Department of Neurology, Washington University School of Medicine, St. Louis, Missouri 63110, USA; email:
Hope Center for Neurological Disorders, Washington University School of Medicine, St. Louis, Missouri 63110, USA.
Annu Rev Cell Dev Biol. 2018 Oct 6;34:545-568. doi: 10.1146/annurev-cellbio-100617-062636. Epub 2018 Jul 25.

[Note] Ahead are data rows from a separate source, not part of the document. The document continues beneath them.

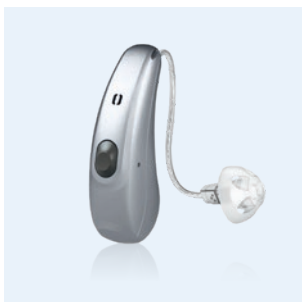

### **Technologie lithium-ion moderne** —

Votre Mood Li-Ion G5 assure une qualité de son brillante avec des performances de streaming optimales. Avec une autonomie jusqu'à 19 heures ! Après un temps de charge inductif très court de 30 minutes, la batterie est prête pour une autre session de 7 heures. Une charge complète prend 4 heures. C'est également très bon pour l'environnement, car les changements de piles font partie du passé.

## Contrôle du son à la pointe de la technologie —

The Une bonne communication est la clé ! La Mood Li-Ion G5 s'adapte intelligemment à chaque situation d'audition. Elle active la fonction de perception globale ou se concentre sur votre interlocuteur principal, même dans des situations de conversation difficiles. En outre, la Mood Li-Ion G5 apprend le ton de votre propre voix et s'assure que votre voix sonne de manière aussi naturelle et agréable que possible.
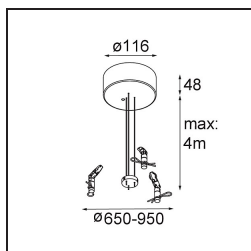

Specifications

Material	13304932
Tipo de fuente de luz	LED
Tipo de LED	FLAT MOON LED
Tecnología LED	PCB LED
CRI	Min. 90
Temperatura del color	2700K
Vida Útil	L80B20 @50.000 horas
Lámpara Incluida	Sí
Número de fuentes de luz	2
Código de flujo CIE	47 78 95 69 74
Binning (SDCM)	3
Dirección de la luz	Indirecto / Directo
Voltaje de entrada	230V
Luminaire power (W)	98,0
Clasificación eléctrica	I
Clasificación del IP	20
Clasificación de hilo incandescente (°C)	650
Protocolo de regulación	DALI, Push-Dim
DALI Standard	DALI version-1
Interio/Exterior	Interior
Aplicación	Techo
Montaje	Suspendido
Ajustabilidad	Not Applicable
Distancia al objeto iluminado (m)	0,1
Color principal & Acabado principal	Negro, Estructura
Peso bruto (g)	12100,0
Flujo luminoso por lámpara (lm)	7792
Eficacia (lm/W)	79
Índice de deslumbramiento	21

11061932 Power Feed and Suspension Kit 4000 Round 5P Flat Moon (3) Straight Black Structure

11061809 Power Feed and Suspension Kit 4000 Round 3P Flat Moon (3) Straight White Structure

11061832 Power Feed and Suspension Kit 4000 Round 3P Flat Moon (3) Straight Black Structure

11062409 Power Feed and Suspension Kit Round 9P Flat Moon (3) Straight (Incl. Power Feed Cable & Suspension Cable 4000) White Structure

11062432 Power Feed and Suspension Kit Round 9P Flat Moon (3) Straight (Incl. Power Feed Cable & Suspension Cable 4000) Black Structure
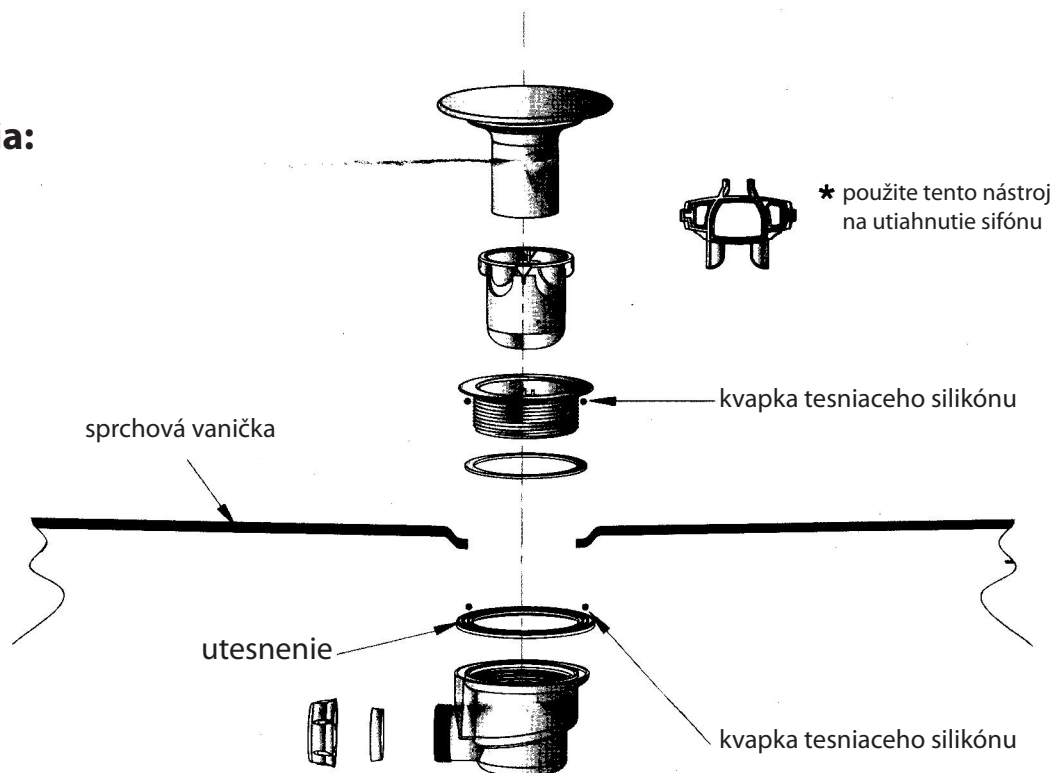

# Montážny návod

plastového sifónu na sprchovú vaničku

## Inštalácia:

## Údržba:

- odstráňte odpadový kryt
- vyberte odpadový filter
- očistite horúcou mydlovou vodou
- znova zostavte v opačnom poradí

Most neurodegenerative diseases are characterized by the accumulation of protein aggregates, some of which are toxic to cells. Mounting evidence demonstrates that in several diseases, protein aggregates can pass from neuron to neuron along connected networks, although the role of this spreading phenomenon in disease pathogenesis is not completely understood. Here we briefly review the molecular and histopathological features of protein aggregation in neurodegenerative disease, we summarize the evidence for release of proteins from donor cells into the extracellular space, and we highlight some other mechanisms by which protein aggregates might be transmitted to recipient cells. We also discuss the evidence that supports a role for spreading of protein aggregates in neurodegenerative disease pathogenesis and some limitations of this model. Finally, we consider potential therapeutic strategies to target spreading of protein aggregates in the treatment of neurodegenerative diseases.
大多数神经退行性疾病的特征是蛋白质聚集体的积累,其中一些对细胞有毒。越来越多的证据表明,在几种疾病中,蛋白质聚集体可以沿着连接的网络从神经元传递到神经元,尽管这种传播现象在疾病发病机制中的作用尚不完全清楚。在这里,我们简要回顾了神经退行性疾病中蛋白质聚集的分子和组织病理学特征,总结了蛋白质从供体细胞释放到细胞外空间的证据,并强调了蛋白质聚集体可能传递给受体细胞的其他一些机制。我们还讨论了支持蛋白质聚集体在神经退行性疾病发病机制中传播作用的证据,以及该模型的一些局限性。最后,我们考虑了针对神经退行性疾病中蛋白质聚集体传播的潜在治疗策略。